___ Input for this task
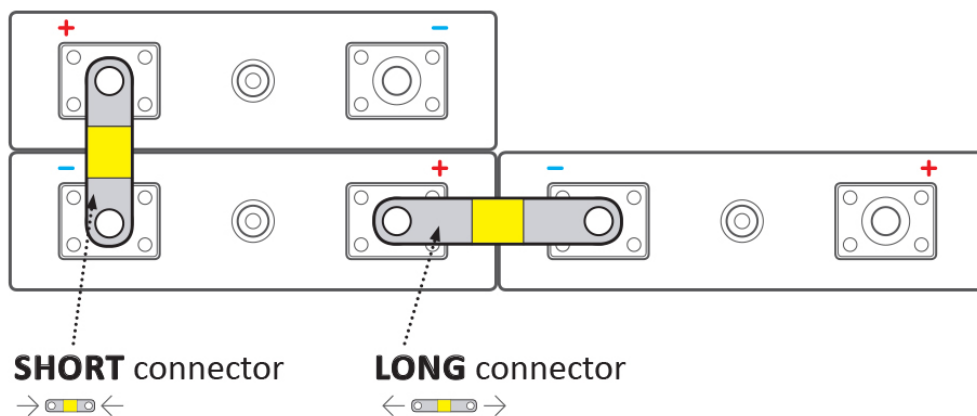

Kód zboží:

BATELX0076

Part No.:

EX-TC35/6

Záruka:

24 měs.

Stav:

Nové zboží

Popis

ELERIX EX-TC35/6

Terminálový konektor **pro Lithiové články LiFePO4 značky ELERIX**. Konektor vhodný pro připojení baterie **ELERIX EX-L25**. Skládá se z více vrstev měděného materiálu.

Zkontrolujte rozměry článků a vaše požadavky na připojení. Viz rozdíl v používání dlouhých a krátkých konektorů:

Zatížitelnost koncového konektoru není lineární! Zatížitelnost klesá s rostoucím průřezem svorkového konektoru.

ZÁKLADNÍ SPECIFIKACE

Rozteč: 35 mm

Rozměry: 47 × 12 × 1 mm

Kompatibilita: ELERIX EX-L25

Materiál: měď
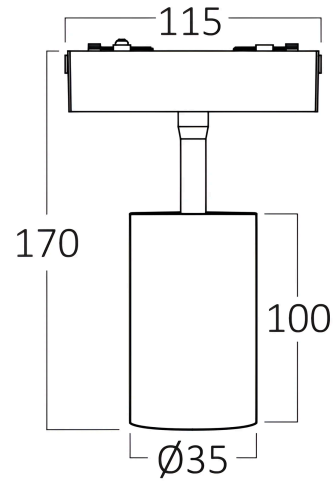

Braytron

TECHNISCHES DATENBLATT

MODELL

BD61-20181

BESCHREIBUNG

BRY-S20B-TRC035-6W-48VDC-3IN1-BLC-MAG. TRACK

BRAYTRON SRL

MUNICIPIUL BUCUREȘTI, SECTOR 6, BLD. IULIU MANIU, NR.616, CORP B, ET.1,BUCUREȘTI, Sector 6(RO)

Product Characteristics

Leistung	: 6
Farbtemperatur	: 3IN1
Effektive Lumen	: 440
Farbwiedergabeindex (CRI)	: ≥ 90
Energieeffizienzklasse	: G
Lichtabstrahlwinkel	: 24°

Elektrische Eigenschaften

Lebensdauer	: 30000 h
Spannung	: 48VDC
Material	: Aluminium-PC
Arbeitstemperatur	: -20°C ~ +40°C

Dimensions & Weight

Durchmesser	: 35 mm
Höhe	: 170 mm
Gewicht	: 100 gr

Paket-Informationen

Nettogewicht	: 1,6 kgs
Bruttogewicht	: 3,1 kgs
Stückzahl pro Karton (PCS/CTN)	: 16
Länge	: 43 cm
Breite	: 29 cm
Höhe	: 19 cm
EAN-Code	: 5949097749896
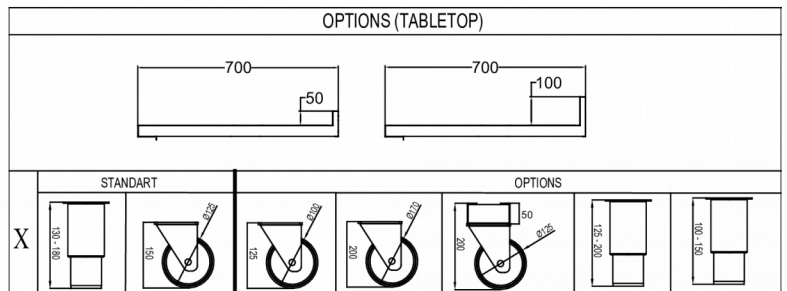

HOSHIZAKI

Premier K 2 A DL 2D L E

SPÉCIFICATIONS TECHNIQUES

Plage de température	Taille de bac GN	Taille de l'étagère	Volume, brut	Volume net utile	Volume, net	Classe climatique	Niveau sonore
+2/+12°C	1/1 GN	GN 1/1	301 l	184 l	184 l	5	43 dB(A)

Alimentation électrique	Puissance connectée	Capacité de réf. à (-10°C)
230V, 50Hz	115 W	206 W

SPÉCIFICATIONS TRANSPORT

Largeur (emballée)	Profondeur (emballée)	Hauteur (emballée)	Volume (emballé)	Poids brut	Largeur	Profondeur	Hauteur	Poids net
1 340 mm	730 mm	1 081 mm	1,057 m³	117 kg	1 314 mm	700 mm	794,2 mm	105 kg

Avertissement: Tous les efforts ont été faits pour s'assurer que les informations contenues dans cette fiche technique sont exactes au moment de la publication. Hoshizaki Europe BV décline toute responsabilité en cas d'erreurs typographiques, d'omissions ou d'interprétation erronée des informations contenues dans cette publication et se réserve le droit de la modifier sans préavis.

Hoshizaki Belgium
Hoshizaki Danmark
Hoshizaki Deutschland
Hoshizaki France
Hoshizaki Iberia
Hoshizaki Italia
Hoshizaki Middle East

info@hoshizaki.nl
info@hoshizaki.dk
vertrieb@hoshizaki.de
info@hoshizaki.fr
info@hoshizaki.es
commerciale@hoshizaki.it
sales.ex@hoshizaki-europe.com

Hoshizaki Netherlands info@hoshizaki.nl
Hoshizaki Norge salg@hoshizaki.no
Hoshizaki Sverige orderSE@hoshizaki.dk
Hoshizaki UK uksales@hoshizaki.uk
Pays exportateurs sales.ex@hoshizaki-europe.com
Autres pays sales.ex@hoshizaki-europe.com

www.hoshizaki.be
______
**Try it**
Look above for the line with "TECHNISCHES DATENBLATT" and the line with "SPÉCIFICATIONS TRANSPORT", then copy exactly the lines from the first through the second, both kept, with no pictures.

**Output for this task**
TECHNISCHES DATENBLATT

MODELL

BD61-20181

BESCHREIBUNG

BRY-S20B-TRC035-6W-48VDC-3IN1-BLC-MAG. TRACK

BRAYTRON SRL

MUNICIPIUL BUCUREȘTI, SECTOR 6, BLD. IULIU MANIU, NR.616, CORP B, ET.1,BUCUREȘTI, Sector 6(RO)

Product Characteristics

Leistung	: 6
Farbtemperatur	: 3IN1
Effektive Lumen	: 440
Farbwiedergabeindex (CRI)	: ≥ 90
Energieeffizienzklasse	: G
Lichtabstrahlwinkel	: 24°

Elektrische Eigenschaften

Lebensdauer	: 30000 h
Spannung	: 48VDC
Material	: Aluminium-PC
Arbeitstemperatur	: -20°C ~ +40°C

Dimensions & Weight

Durchmesser	: 35 mm
Höhe	: 170 mm
Gewicht	: 100 gr

Paket-Informationen

Nettogewicht	: 1,6 kgs
Bruttogewicht	: 3,1 kgs
Stückzahl pro Karton (PCS/CTN)	: 16
Länge	: 43 cm
Breite	: 29 cm
Höhe	: 19 cm
EAN-Code	: 5949097749896

HOSHIZAKI

Premier K 2 A DL 2D L E

SPÉCIFICATIONS TECHNIQUES

Plage de température	Taille de bac GN	Taille de l'étagère	Volume, brut	Volume net utile	Volume, net	Classe climatique	Niveau sonore
+2/+12°C	1/1 GN	GN 1/1	301 l	184 l	184 l	5	43 dB(A)

Alimentation électrique	Puissance connectée	Capacité de réf. à (-10°C)
230V, 50Hz	115 W	206 W

SPÉCIFICATIONS TRANSPORT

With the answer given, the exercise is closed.